Word for word, print out all of the data, omitting every image.

[Records from a data source]
┏━━

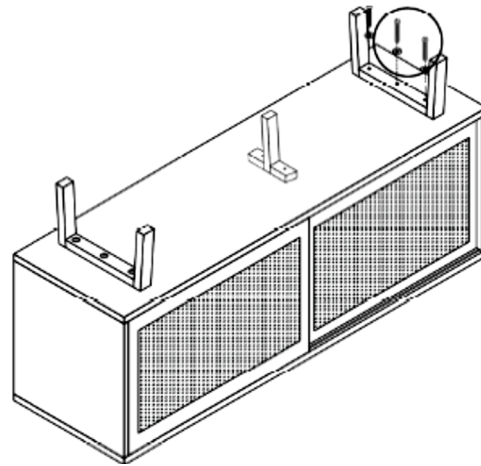

PARTS AND HARDWARE

A. CABINET X 1

B. LEG X 1+2

C. ALLEN BOLT X 8

D. WASHER X 8

E. ALLEN KEY X 1

NOTES.

Thank you for purchasing this quality product! Be sure to check all packing material carefully for small part that may have come loose inside the carton during shipping.

CAUTION: The item is heavy, assembly should Be performed by two people.

STEP 1.
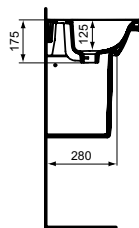

Finishes

- AA Chrome
- 01 Euro White

E1365

┗━━

Exercise answer:
PARTS AND HARDWARE

A. CABINET X 1

B. LEG X 1+2

C. ALLEN BOLT X 8

D. WASHER X 8

E. ALLEN KEY X 1

NOTES.

Thank you for purchasing this quality product! Be sure to check all packing material carefully for small part that may have come loose inside the carton during shipping.

CAUTION: The item is heavy, assembly should Be performed by two people.

STEP 1.

Finishes

- AA Chrome
- 01 Euro White

E1365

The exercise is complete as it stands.